植物木质部栓塞测定技术的研究进展

doi:10.13287/j.1001-9332.202011.007

应用生态学报 ›› 2020, Vol. 31 ›› Issue (11): 3895-3905.doi: 10.13287/j.1001-9332.202011.007

植物木质部栓塞测定技术的研究进展

王婷^1,2, 郭雯^1,2, 潘志立^1,3, 陈芳^1,2, 杨石建^1,2*

¹云南大学生态与环境学院, 昆明 650500;
²云南省植物繁殖适应与进化生态学重点实验室, 昆明 650500;
³云南大学资源植物研究院, 昆明650504

收稿日期:2020-07-02 接受日期:2020-08-27 出版日期:2020-11-15 发布日期:2021-06-10
通讯作者: * E-mail: shijian.yang@ynu.edu.cn
作者简介:王婷, 女, 1995年生, 硕士研究生。主要从事植物生理生态研究。E-mail: wting668@163.com
基金资助:
国家自然科学基金项目(31760114,31800334)、云南省科技厅基础研究计划项目(2019FD004)、云南大学“东陆中青年骨干教师”培养计划项目(2018YDDLQN69)、云南大学“双一流”建设项目省优秀青年培育项目(2018YDJQ024)和云南大学研究生科研创新基金项目(2019z051)资助

Research progress on the methods for measuring xylem embolism vulnerability

WANG Ting^1,2, GUO Wen^1,2, PAN Zhi-li^1,3, CHEN Fang^1,2, YANG Shi-jian^1,2*

¹School of Ecology and Environmental Science, Yunnan University, Kunming 650500, China;
²Yunnan Province Key Laboratory of Plant Reproductive Adaption and Evolutionary Ecology, Kunming 650500, China;
³Institute of Economic Plant, Yunnan University, Kunming 650504, China

Received:2020-07-02 Accepted:2020-08-27 Online:2020-11-15 Published:2021-06-10
Contact: * E-mail: shijian.yang@ynu.edu.cn
Supported by:
the National Natural Science Foundation of China (31760114, 31800334), the Basic Research Project from Science and Technology Department of Yunnan Province (2019FD004), the Foundation for the Excellent Youth Scholars of Yunnan University (2018YDDLQN69), the “Double First-class” Construction Project of Yunnan University (2018YDJQ024), and the Research Innovation Funding for the Graduate Students from Yunnan University (2019z051).

摘要/Abstract

摘要： 气候变化引发干旱频度和强度的变化影响植物的生长发育和生态适应。干旱胁迫会引起木质部栓塞并造成水力失效,而如何准确量化木质部抗栓塞的能力对研究植物对干旱的响应过程尤为重要。通常可通过脆弱性曲线量化木质部抗栓塞的能力。目前已经研发出构建木质部栓塞脆弱性曲线的多种方法,但不同方法往往产生不一致的结果。深入理解这些方法的设计原理并在实际应用时比较各方法的异同,对合理解释相关文献数据及准确选择干旱预测模型等尤为重要。本文阐述了自然干燥法、离心法、注气法、声学测定法、同步加速器与X射线显微断层扫描法、光学可视化法及抽气法7种测定木质部栓塞脆弱性的方法,并总结了近年来各测定方法在具体研究中的运用情况及存在的争议。最后,对未来研究测定木质部栓塞脆弱性与实际运用相关方法的选择等提出了展望。

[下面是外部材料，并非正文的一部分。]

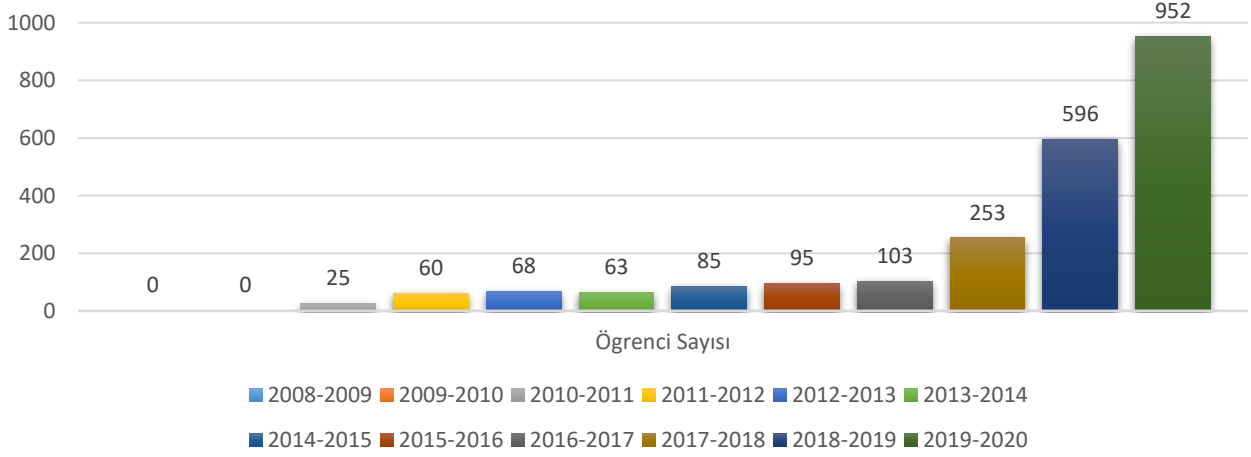

BARTIN ÜNİVERSİTESİ YILLARA GÖRE ULUSLARARASI ÖĞRENCİ BİLGİLERİ 22.10.2019

Yıl	Öğrenci Sayısı	Artış Oranı %
2008-2009	0	0
2009-2010	0	0,00
2010-2011	25	0,00
2011-2012	60	140,00
2012-2013	68	13,33
2013-2014	63	-7,35
2014-2015	85	34,92
2015-2016	95	11,76
2016-2017	103	8,42
2017-2018	253	145,63
2018-2019	596	135,57
2019-2020	952	59,73

Yıllara Göre Uluslararası Öğrenci Sayıları

Yıllara Göre Uluslararası Öğrenci Sayısındaki Artış Yüzdeleri

关键词: 气穴化, 木质部栓塞, 脆弱性曲线, 耐旱

Abstract: Changes in the frequency and severity of drought events associated with climate change could affect plant growth, development, and adaptability. Hydraulic failure caused by xylem embo-lism is the main physiological consequences of drought stress. How to accurately quantify xylem embolism is particularly important for understanding plant responses to drought stress. The vulnerability of xylem to embolism is usually evaluated by constructing vulnerability curves (VCs). Several methods have been developed to construct VCs, but be inconsistent in their results. A deep understanding of the design principles of xylem embolism measurement methods and comparison of the similarities and differences of various methods in actual research are particularly important for the rational interpretation of literature results, and properly using VCs in models for predicting plant responses to water deficits. Here, we compared seven methods for constructing xylem vulnerability curves to embolism: bench dehydration, centrifugation, air injection, acoustic measurements, synchrotron and X-ray microtomography (Micro-CT), optical visualization method, and pneumatron method. We summarized current achievements and controversial viewpoints of the application of these methods in specific research. Finally, we provided prospects for measuring the vulnerability of xylem embolism and the selection of relevant methods for practical application in future studies.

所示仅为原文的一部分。